Did you notice the mistletoe and the tag in the photos? Every year we and our neighbours have a mistletoe fairy who mysteriously leaves mistletoe with a tag in our letterboxes. We don’t know who it is, but it’s a lovely festive treat 🙂

Mini Panettone

(dairy-free, egg-free, nut-free, can be soya-free, sesame-free, vegetarian and vegan)

makes 6

250g plain flour

30g caster sugar

1/2 tbsp yeast

1/4 tsp salt

100ml dairy-free milk, warmed to body temperature

25g cup dairy-free margarine, melted

Zest of 1 lemon and 1 clementine

30g cup dairy-free dark chocolate chips

  1. Sift the flour into a bowl.
  2. Stir in the sugar, yeast and salt.
  3. Pour in the warm milk, margarine and zests and bring together to form a smooth and elastic dough.
  4. Knead in the chocolate until they are evenly distributed
  5. Leave in a warm place to double in size.
  6. Knock back and form into a smooth ball. Cut into 4 equal pieces, approximately 75g each
  7. Place in a lined muffin tins.
  8. Leave to rise again until it they’ve grown a lot. An hour in a warm place should be adequate
  9. Brush the top with oat milk and sprinkle with a pearl or chouquette sugar. (if you can’t find that use demerara)
  10. Place in a preheated oven and bake at 180 degrees centigrade fan/190 degrees centigrade non-fan/gas mark 5 for 20-25 minutes, until golden and cooked through (it will sound hollow when tapped on the bottom.)
  11. Cool

Pomegranate and Grenadine Pâte de Fruits (Fruit Jellies)

I’ve always loved to make homemade sweets, and as pate de fruits are such an essential part of Christmas (especially for the French side of the family) these homemade fruit jellies are the perfect addition to my 12 days of Christmas.

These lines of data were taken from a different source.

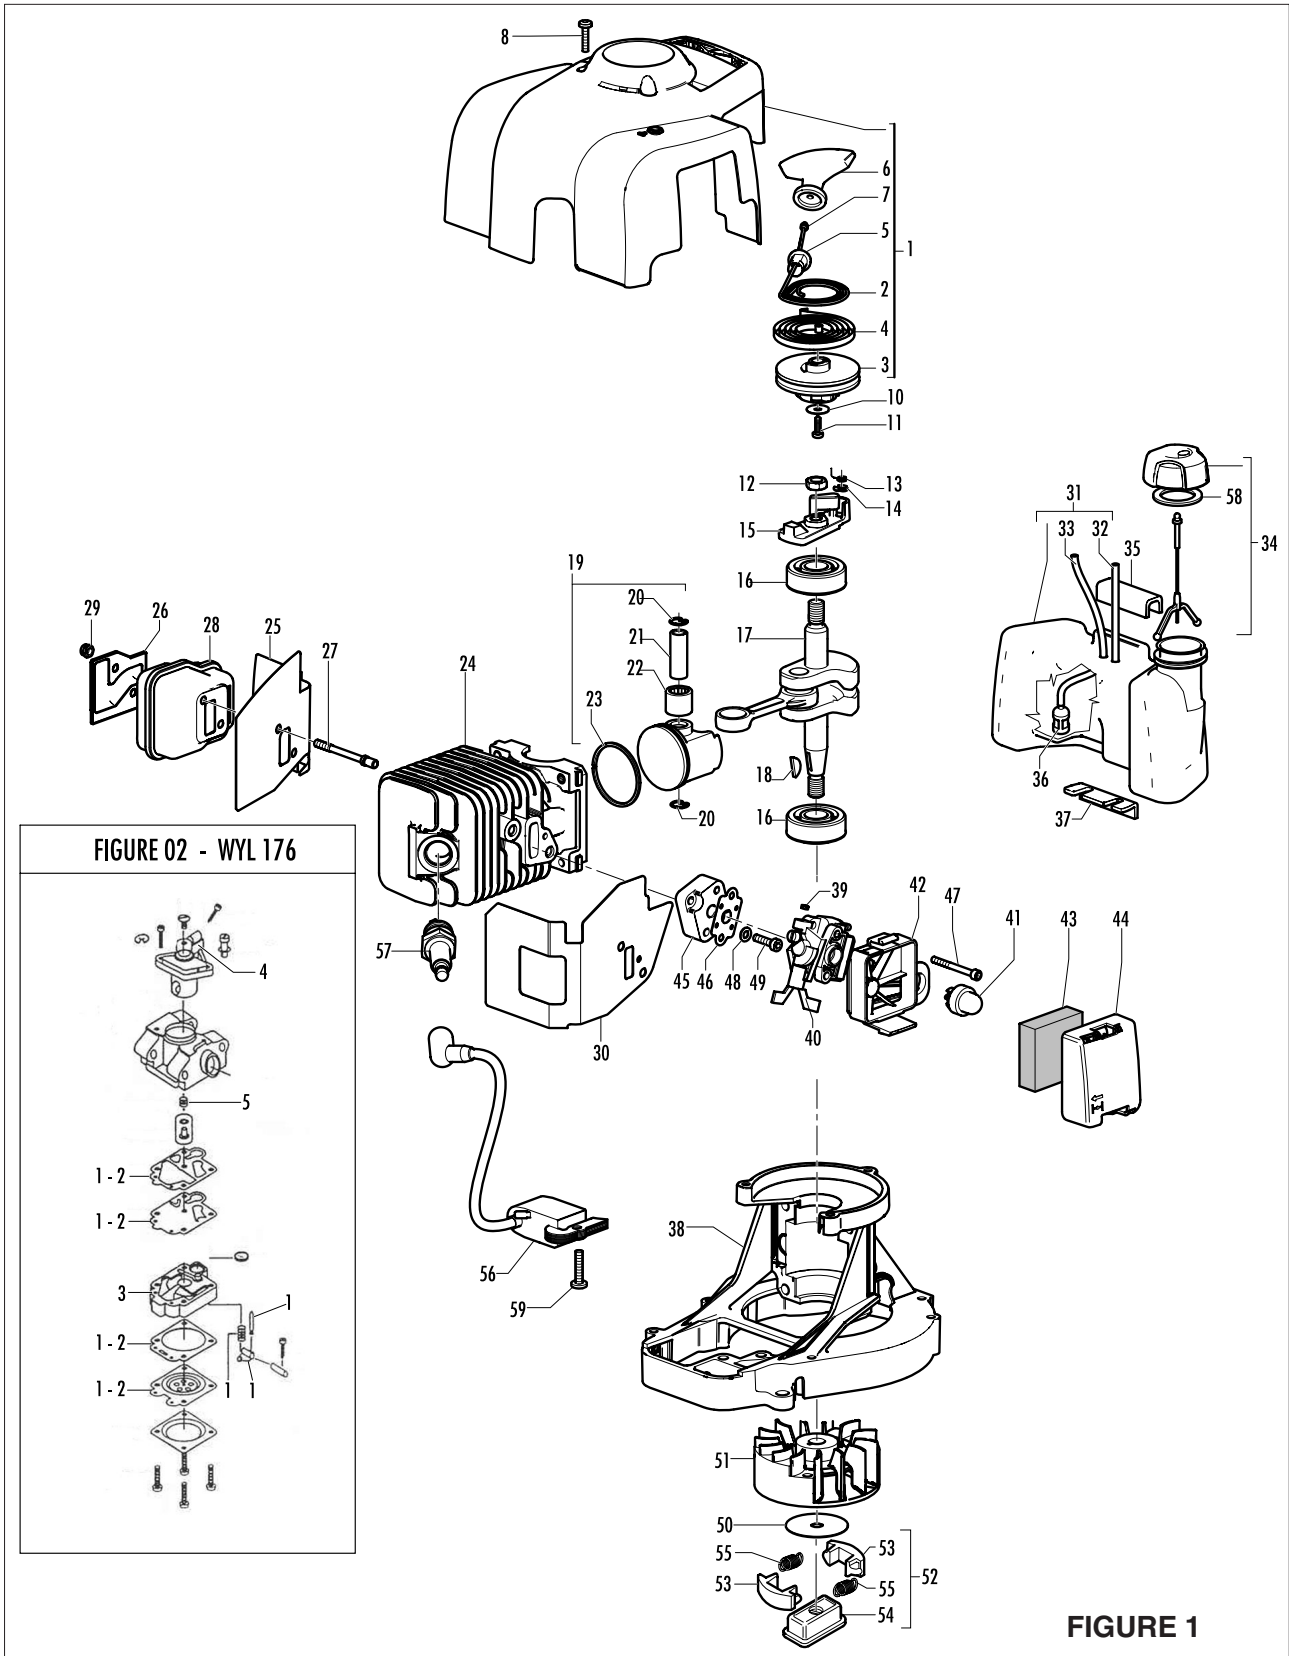

brand	PARTNER

date	SEP/03	SHEET 1/4

Model	Prefix
HG 63	01

Product number
953900407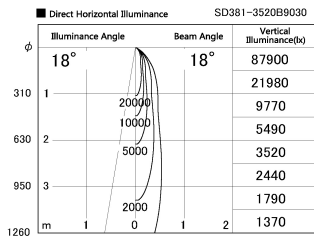

Item no. SD381-3520B9030

Series Name: Versa R-G (UL Track)
(SD381)

Installation	Track Mount
Type	Versa R-G (UL Track) (SD381)
Fixture wattage	36W
Beam angle	18 deg
Color Temp.	3000K
CRI	Ra>90
Luminous	3764 lm
Body	Die-castaluminumalloy
Body finish	Black
Trim finish	Black
Reflector finish	N/A
IP Rate	IP20
Light source	COBmodule
Input Voltage	AC220~240V
Dimming Type	Non-Dimmable
Certificate	CE,CCC
Cut Hole	N/A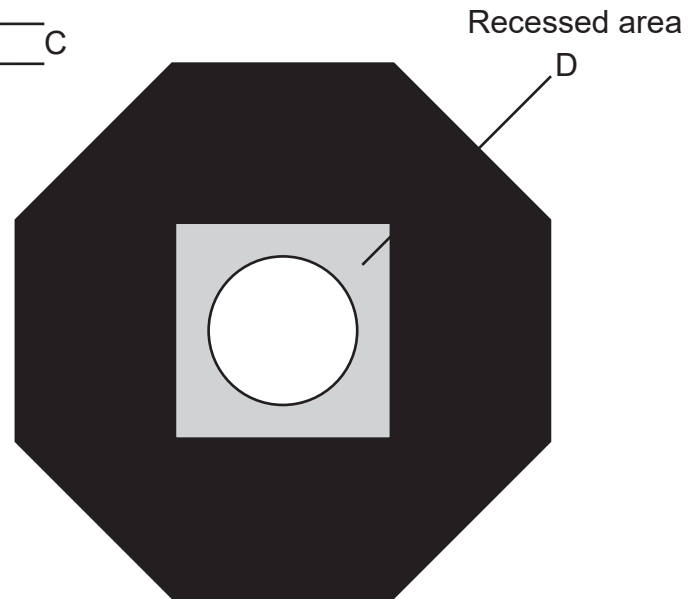

DIMENSIONS

A	17."
B	4.625 Dia"
C	.875"
D	7.50" x 7.50."
E	
F	
G	
H	
I	
J	
K	
L	
M	
N	
O	

Weight	
8.0 LBS	

Top View

Side View

Bottom View

Notes:

Manufactured from 100% Recycled rubber tires and re-vulcanized for durability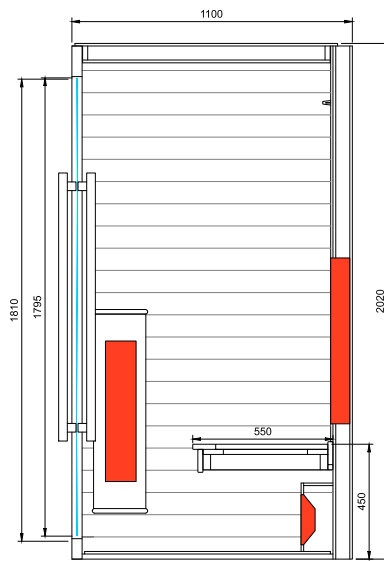

Modèle - 2 PERS.

Quartz | IR Elements				
2 x 350W	2 x 750W	1 x 500W	1 x 100W	2800W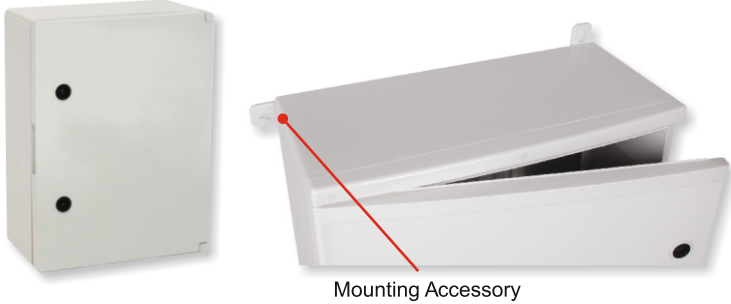

## WATERTIGHT BOARDS blank door

Mounting Accessory

Pur material

Reversible Door  
Direction

Adjustable Mounting  
Plate ( 3 steps )

### Watertight Boards - Blank Door

Code	Dimension (WxHxD)	No. Locks	Pack
OP1002	210X280X130	1	1
OP1004	250X330X140	1	1
OP1007	300X400X170	2	1
OP1008	300X400X210	2	1
OP1009	350X500X220	2	1
OP1010	400X500X180	2	1
OP1012	400X600X200	2	1
OP1014	500X700X250	2	1

### Technical Characteristic

IP65

Watertight Boards in Thermoplastic Material for Protection Devices for Residential, Commercial and Industrial Areas.

- Ral 7035 Grey
- ABS Material
- Halogen Free
- IK 10 - GWT 650°C
- Triangle Lock-Key
- PUR Material for High Quality Sealing
- Included 1mm. Galvanized Mounting Plate
- Included Wall Fixing Bracket
- Operating Temperature , -25 to +60C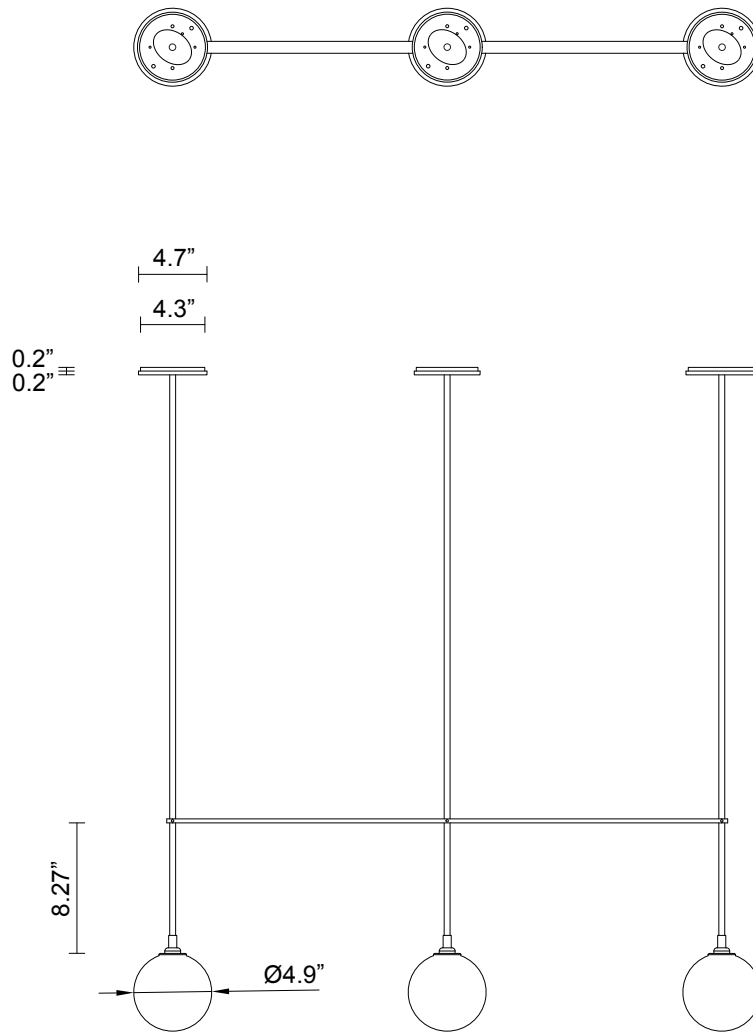

FIZI BALL COLLECTION

TRIPLE BALL PENDANT

SPECIFICATION SHEET

NORTH AMERICA

FL_TBP_UL_21V1

ABOUT FIZI

The Fizi collection is mesmerising with the explosion of bubbles suspended in champagne'sque effervescence. Breathtaking shadowplay when fizi is lit. Wall and ceiling jewellery for the home.

LEAD TIME

8 - 10 weeks

LIGHT SOURCE

3 x 12V G4 2.5W LED bipin
2700k warm white
750 total lumen output
Dimmable
Lamps included

INSTALLATION

Supplied with external driver
and mounting plate to fit
4.0/3.5 Jbox

CUSTOMISATION

Standard drop length up to 47".
Additional charge will apply
for longer drop lengths, price
upon request.

WEIGHT

22 lb

FITTING FINISH

Brass
Mid Bronze
Satin Nickel
Black Electroplate
White Powder Coat
Graphite Powder Coat

CERTIFICATION

US/ETL/CA

WARRANTY

3 years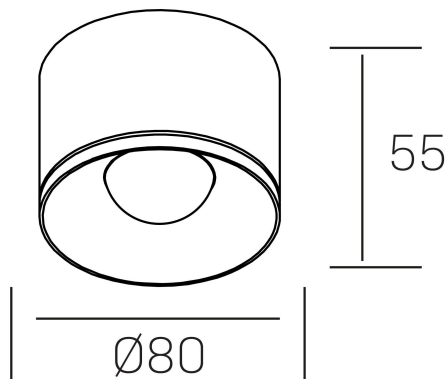

eryl
K51000.02.SR.BK-BK.36.ST.8.40

GENERAL DETAILS

INSTALLATION	Surface
FINISHES ALUMINIUM	Black-Black
LIGHT DIRECTION	Fixed
BEAM ANGLE	36°
INT/EXT IP DEGREE	IP20
MATERIAL	Aluminum
IK DEGREE	IK 6
UTILIZATION	Indoor
WARRANTY	5 years

ELECTRICAL DETAILS

LAMP	LED
POWER	12 W
COLOUR TEMPERATURE	4000K
LUMINOUS FLUX	920 Lm
EFFICACY DIMMING	77 Lm/W
DIMABLE	No Dim
DRIVER	Integrated
CLASS PROTECTION	II
COLOUR RENDERING INDEX	CRI >80
VOLTAGE	220-240 V
FRECUENCIA	50-60 Hz
LIFE TIME	50.000 h

GENERAL DIMENSIONS

DIMENSIONS	Ø 80 mm
HEIGHT	h 55mm
DIMENSIONES DE EMBALAJE	90 × 90 × 65 mm

*Please might expect a max.15% figure reduction in finishes other than white

If you’re not familiar with pate de fruits they’re a fruity jelly sweet, like a soft fruit pastille, covered in sugar. Made with fruit juice, sugar and pectin they’re naturally vegetarian and allergy friendly despite being not particularly healthy. But then again it’s Christmas and it’s time for luxury and indulgence.

Making homemade sweets seems like the height of luxury and difficult techniques, but these are super simple and you end up with some beautiful 100% natural pure fruit pastilles. One batch makes enough for well over 50 jellies, making it easy to have some for our Christmas treats as well as an addition to my homemade hampers. As long as they’re kept in an airtight container they will keep for months.

This recipe is adapted from the fabulous book on preserving by Pam the Jam. I’d thoroughly recommend seeking it out if you enjoy delicious and exciting preserving. I’ve chosen a combination of pomegranate and grenadine as it felt suitably festive and packs a punch of flavour, but you can easily swap any juice you’d like.

Pomegranate and Grenadine Pate de Fruits

(dairy-free, egg-free, nut-free, soya-free, sesame-free, gluten-free, vegetarian and vegan)

makes 50-100 jellies

500ml pure pomegranate juice

juice of 1 lime

3 tbsp grenadine

450g granulated sugar

15g pectin

75g glucose syrup

1 tsp flavourless oil

  1. Line a 20cm square baking tin with parchment
  2. Pour the juices and syrup into a deep saucepan.
  3. Stir the pectin powder into half of the sugar. Sprinkle over the juice and stir, heating gently until the sugar has dissolved.
  4. Add the rest of the sugar, the glucose syrup and oil. Let the sugar dissolve. Then bring to a rolling boil.
  5. You want the temperature to reach 108 degrees Centigrade. This will take 10-15 minutes and you will notice the bubbles changing as the mixture heats. Be sure to scrape down the sides whilst the mixture is bubbling.
  6. As soon as it reached 108 degrees Centigrade, take the pan off the heat and pour into the lined tin.
  7. Leave to cool, then cover with baking parchment. Once fully cold and set cut into pretty shapes. Squares or triangles are the most efficient but I like using mini cookie cutters to stamp out little shapes.
  8. Roll each shape in caster sugar and then store in an airtight container until ready to eat.